搖曳的火把下一團黑影緩緩的向他走來,賀若弼眨着眼睛,讓自己已經適應了黑暗的眼睛再次適應光明。
這裡是神秘的監察院特務司,據說被帶入這裡的人,從沒有機會再活着走出去。這裡就是那位聖明的皇帝最陰狠毒辣一面,得罪皇帝者從不會有好下場。
對方慢慢踱進鐵欄前,似乎饒有興趣的打量着他那蒼白的臉龐,哈哈笑道,“現在知道什麼叫東西能亂吃,話不能亂說了,對吧?”
賀若弼摸了摸自己的舌頭,這個惹禍的傢伙已經被剪掉了一小截,使他說話總是難以完整。他能感受到那失去的半截舌頭,一陣陣火辣辣的疼痛襲擾着他,“你們想要怎麼樣?”
劉鷹的頭髮梳的一絲不苟,向上束起,他穿着紫色的圓領官袍,柔軟的高筒靴,還繫着一件黑麪紅底的絲綢披風,腰間掛着一把勳劍。
“有種就直接殺了老子。”賀若弼嘶聲喝道,只是短了半截舌頭後話語說出來總有些怪怪的,使他的話語聽起來沒有了聲勢,反有幾分可笑。
“你就算現在想求活,都沒機會了。”劉鷹冷冷的瞧着賀若弼,“現在你要考慮的是你的家族,你可別忘記了,你現在犯的是圖謀不軌,謀反作亂的重罪。你是死定了,非死不可,現在你唯一能挽救的也就是你的家人了。”
“我沒有謀反,更沒有作亂。”賀若弼大聲反駁,“欲加之罪,何患無詞,你們這是誣陷,誰不知道監察院根本就是皇帝專門清除異已的鷹犬爪牙。”
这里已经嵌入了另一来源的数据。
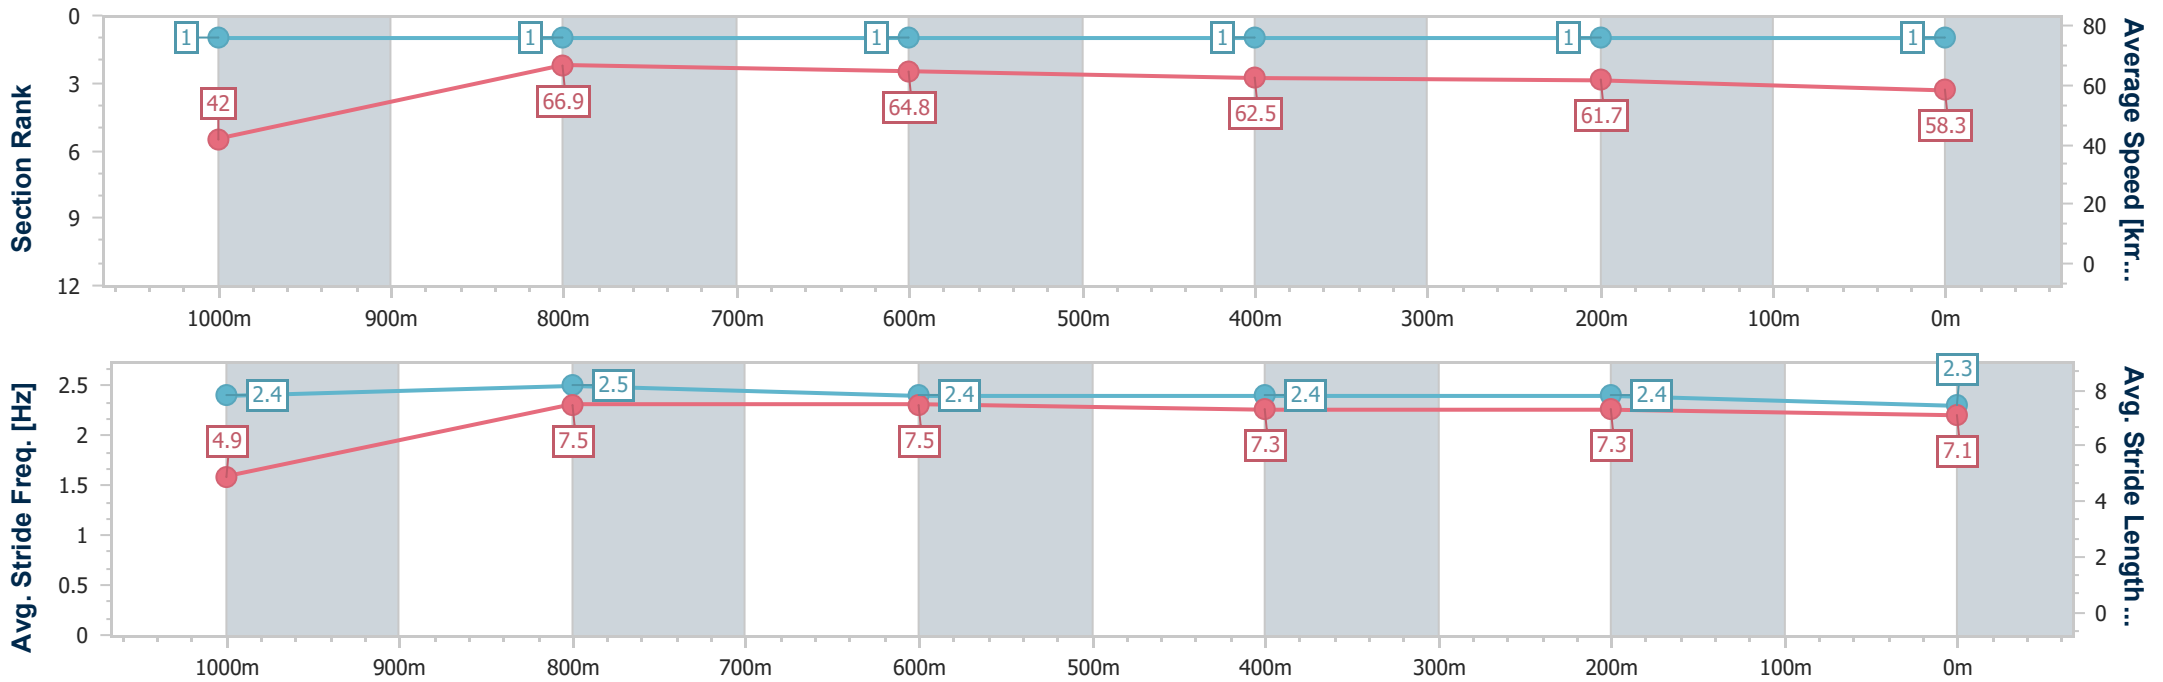

Horse/Jockey Name	Bauhinia Rock
Final Rank	1
Fastest Section Time (Section)	0:08.56 (Overall)
Top Speed [km/h] (Section)	69.0 (1000m)
Race State	Finished

Toowoomba QLD Professional
Race 2: HEALTH INFORMATION SERVICES BENCHMARK 70
Handicap - 1100m

16 November 2024 - 18:39

Track Rating: Good 4, Weather: Overcast, Rail Position: +3m Entire

Section	Overall	1000m	800m	600m	400m	200m
Section Times	1:05.88 [1] (0:08.56)	0:57.32 [1] (0:10.81)	0:46.51 [1] (0:11.10)	0:35.41 [1] (0:11.49)	0:23.92 [1] (0:11.64)	0:12.28 [1] (0:12.28)
Average Speed [km/h]	42.0	66.9	64.8	62.5	61.7	58.3
Top Speed [km/h]	65.4	69.0	65.7	64.3	63.2	60.6
Avg. Dist. to Rail [m]	7.7	2.3	0.2	0.8	0.8	0.6
Avg. Stride Freq. [Hz]	2.4	2.5	2.4	2.4	2.4	2.3
Avg. Stride Length [m]	4.9	7.5	7.5	7.3	7.3	7.1

- [ ] Ranking at each section and finish
- -.-.- No data available at this section
- NA No data available

劉鷹咧嘴一笑,“現在抵賴還有什麼作用,你不會真的以爲我們特務司只會盯盯梢什麼的吧?你和史萬歲、柳述、宇文弼、李渾什麼時候開始串連,什麼時候開始密謀,在哪裡密謀,密謀了幾次,每次說了什麼,我們都一清二楚,實話跟你說,你們謀逆罪證確切,只有我們將這些呈奏陛下,你們必死無疑。”
“那你還廢什麼話。”
“我這是在給你機會,你若是願意配合,老老實實的主動將一切罪證交待,並在陛下面前承認罪行,那麼也許我們會考慮給你們家族留點香火。”劉鷹站在鐵欄前,這次特務司的案子可是涉及到諸多重要人物,不說下面的小魚小蝦,光是這次謀逆集團的首腦史萬歲、賀若弼、柳述、宇文弼、李渾這五人,就個個身份不凡,兩個前樞密副使,一個前前內史令還是長公主駙馬,而宇文弼和李渾也都是頂級勳貴,李渾可是高祖朝三大頂級門閥之一的李穆家族。這樣的案子,尤其是逆案,要麼不辦,要辦就得一次性辦成鐵案,不容有半點失誤之處。雖然特務司早就密切關注,一直隱而不發,沒有打草驚蛇,直到最緊要關頭,掌握了大量鐵證之後才動手拿人。可爲了萬無一失,劉鷹願意跟賀若弼等人再談談條件,只要他們當着皇帝和百官的面承認謀逆罪證,那麼他願意給他們保留個把子孫繼嗣承宗。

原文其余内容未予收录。